Osbeck's voyage to China in the Swedish ship "Gothic Lion," which sailed in 1750, says: "After a stay of four months and ten days in China, our ship and the other Swedish ship began their voyage home. Every one leaped for joy, and my Tea shrub, which stood in a pot, fell upon the deck during the firing of the cannons, and was thrown overboard without my knowledge, after I had nursed it and taken care of it a long while on board the ship. Thus I saw my hopes blasted of bringing a growing Tea plant to my countrymen; a pleasure no one has been able as yet to feel, notwithstanding all possible care and expense." In a foot note to the English translation, the translator, Forster, says: " Dr. Linnaeus has had since 3rd of October, 1763, a fine Tea shrub brought him from China by Captain Carl Gustav Eckeberg, which is, as far as we know, the only one in Europe." Such a feat in those days deserved to be honored.
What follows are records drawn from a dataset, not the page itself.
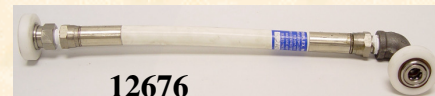

Suction Hoses

24A228- Hose, Suction 10.5"

12B003- 10.5" Hose, Assy, 2 Parts

12A912- 10.5" Hose Assy, 3 Parts

12B333- 10.5" Hose Assy, 3 Parts (2006 newer)

24A229- Hose, Suction 15"

12676- 14.5" Assy w/ fittings

(Includes: 24A232- Hose, 14.5" 1/2" & 3/8" ends)

12B325- 15" Hose, Assy (portable filtration models)

12B122- 15" Hose, Assy, 3 Parts (2006 newer)

24A233- Hose, Suction 20"PNP

12A940- Hose, Assy 20" 2 Parts

12B905- Hose, Assy, 20" 2 Parts PNP Cadet

24A234- Hose, Suction 21"

12839- 21" Hose, Assy, 2 Parts

12B715- 21" Hose, Assy 3 Parts (2006 newer)

12C449- 21" Hose, Assy 4 Parts (New Slide Out Pump/Motor Assy)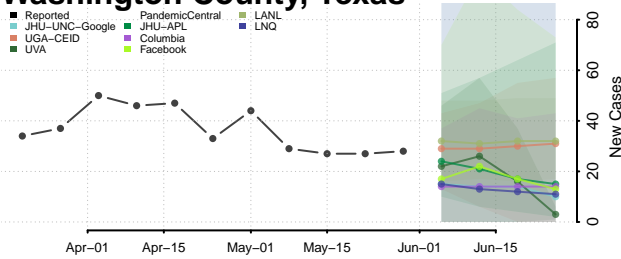

Van Zandt County, Texas

Victoria County, Texas

Walker County, Texas

Waller County, Texas

Ward County, Texas

Washington County, Texas

Webb County, Texas

Wharton County, Texas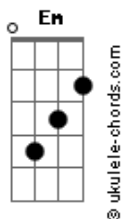

Rose - not the same

tom:

[Primeira Parte]

C
Say what you want to, babe
Em Am
But you know that you're talking in
Circles
Gm
Tell me lies, like we okay
F
Promise till your face turns purple
That you gon' love me, love me
E
One day you gon' love me right
Dm7 G
Shame on me for trusting you once, trusting
You twice

[Refrão]

C Em Am
Yeah, we had only and nothing but time
Gm C F
But some things just change overnight
E Dm7
I don't know who you think you're
Kidding, babe
G
Yeah, you're not the same, not the same
C Em
Yeah, we had good days and light on our
Am
Side
Gm C
But you fucked up and you know that I'm
F
Right
E Dm7
I don't know who you think you're
Kidding, babe
G
Y?ah, you're not the same, not th? same
C
Not the same

[Segunda Parte]

Pick it up, up
Em
Drop your keys, come and get your stuff
Yeah
Am
Find a new heart to confide in
Gm C F
Did letting me down get tiring?
I keep on walking through all of the
E
Memories that I had with you
Dm7 G
And I don't miss it, the way you broke my

Acordes

Love

[Refrão]

C Em Am
Yeah, we had only and nothing but time
Gm C F
But some things just change overnight
E Dm7
I don't know who you think you're
Kidding, babe
G
Yeah, you're not the same, not the same
C Em
Yeah, we had good days and light on our
Am
Side
Gm C
But you fucked up and you know that I'm
F
Right
E Dm7
I don't know who you think you're
Kidding, babe
G
Yeah, you'r? not the same, not the sam?
F E
Not the same

[Ponte]

Am G F E
Oh, what a shame, nothing?s the same
Am G F E Am
All of my love, you put it to waste
G Dm7
And you can keep pointing the finger
F G
Thought it'd be us, go figure

[Refrão]

C Em Am
Yeah, we had only and nothing but time
Gm C F
But some things just change overnight
E Dm7
I don't know who you think you're
Kidding, babe
G
Yeah, you're not the same, not the same
C Em
Yeah, we had good days and light on our
Am
Side
Gm C
But you fucked up and you know that I'm
F
Right
E Dm7
I don't know who you think you're
Kidding, babe
G
Y?ah, you're not the same, not th? same
C
Not the same

For in those days accidents innumerable, aside from the jarring of cannon, must have pressed sorely against the successful introduction of living plants. Another Swedish botanist, Dr. Sparmann, made a voyage to China with Captain Ekeberg, and in 1779 named a genus of trees, native of the Cape of Good Hope, Ekebergia, in his honor.

This tree belongs to the same natural order, Meliaceae, as our well-known China tree, Melia azederach. Sparmann was one of the naturalists that accompanied Captain Cook in his voyage around the world in 1772.